U nas jest to danie ratunkowe, bo super ekspresowe, a jednak pożywne, więc nadaje się idealnie na takie sytuacje.
Wrzuciłam zdjęcie na fb i zostałam poproszona o dokładny przepis, no i okazało się, że jakimś tajemniczym sposobem pominęłam do tej pory spaghetti na blogu, a to jedno z naszych ulubionych dań przecież!

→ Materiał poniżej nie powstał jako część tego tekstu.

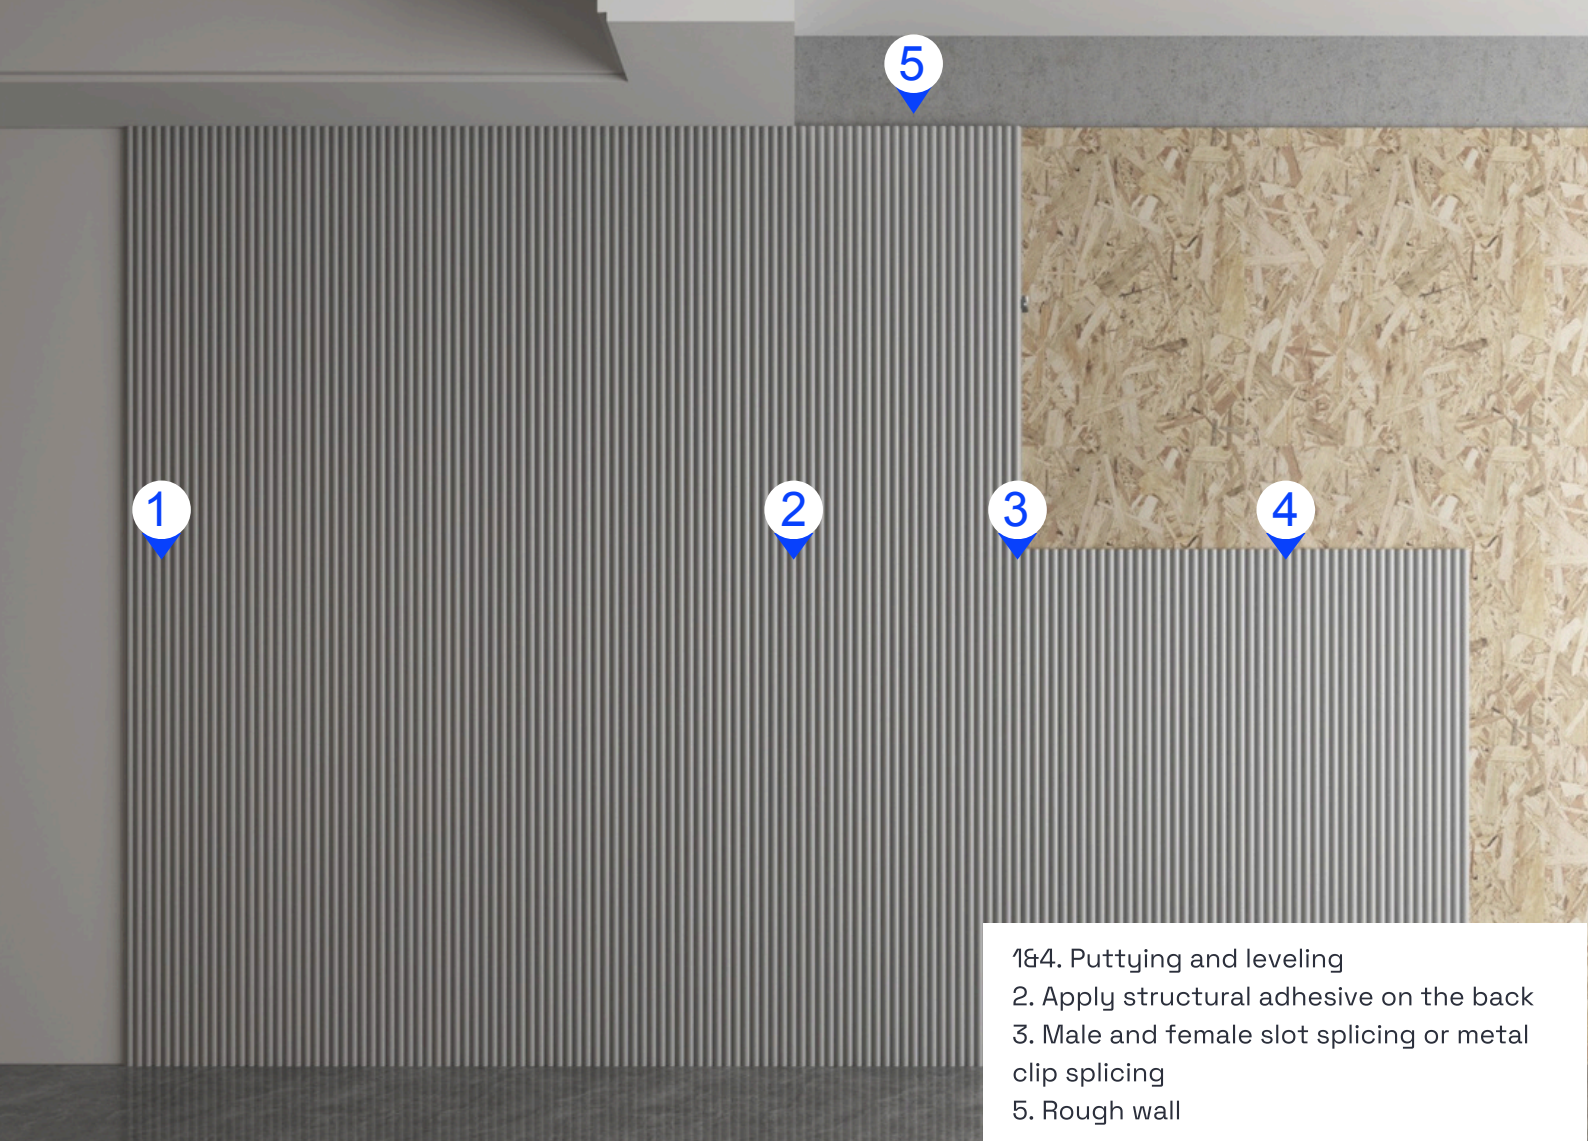

SOLID GRID PLATE

Name: 153 * 24 solid fluted wall panel

Length and width: 153*3000 (mm)
Thickness: 24mm
Environmental protection grade: E0
Fire rating: B1

Name: 110 * 18 solid fluted wall panel

Length and width: 110*3000 (mm)
Thickness: 18mm
Environmental protection grade: E0
Fire rating: B1

Name: 120 * 9 solid fluted wall panel

Length and width: 120*3000 (mm)
Thickness: 9mm
Environmental protection grade: E0
Fire rating: B1

1&4. Puttying and leveling
 2. Apply structural adhesive on the back
 3. Male and female slot splicing or metal clip splicing
 5. Rough wall

No więc dziś jest ten wielki dzień ;) "dzień po pasta day 2015", kiedy super ekspresowe i przepyszne spaghetti ląduje wreszcie na stronie Wszystko jest w głowie :))
Pisałam już kiedyś o EKSPRESOWYCH ZUPACH POMIDOROWYCH na bazie soku pomidorowego i dokładnie w ten sam sposób powstaje nasz sos do spaghetti, a także sos do pizzy.
To zdecydowanie lepsza wersja, niż sos ze świeżych pomidorów (które lepiej sobie zjeść świeże, tak po prostu) lub z koncentratu pomidorowego (którego nie używam już lata świetlne) - karton soku pomidorowego wlać na patelnię, przyprawić, odparować i jeść, brzmi dobrze?
Ok, dokładnie robimy to tak:
- litr soku pomidorowego wlewamy do głębszej patelni, włączamy średni ogień, nie przykrywamy,
- teraz wstawiamy wodę na makaron,
- przepłukujemy 2 garści łuskanego słonecznika i wrzucamy do gorącego już soku, żeby miękł i rozpadał się w czasie gotowania sosu,
- przyprawiamy: pół łyżeczki pieprzu, 2 duże ząbki czosnku, garść oliwek, 2 duże łyżki suszonej bazylii,
- dodajemy łyżeczkę oleju i mieszając od czasu do czasu pozwalamy sosowi gęstnieć.
W międzyczasie szykujemy talerze, jakieś sałatki, pomidorki i co tam chcemy do przegryzania i popijania, wykładamy makaron na talerze, polewamy gotowym sosem, posypujemy jeszcze prażonym słonecznikiem albo płatkami drożdżowymi albo niczym, bo ktoś nie lubi "śmieci" na górze ;) i już.
Do sosu można dodać jeszcze suszonych pomidorów, będzie wtedy bardzo, bardzo pomidorowy.
Całość przygotowań zajmuje do 30 minut od wejścia do kuchni, a danie jest naprawdę smaczne i sycące, polecam :)
Uwielbiam wege pasty z sosem pomidorowym! Mój smak ;-)
OdpowiedzUsuńi ten sok zam gestnieje na patelni? po ilu minutach od startu gotowania?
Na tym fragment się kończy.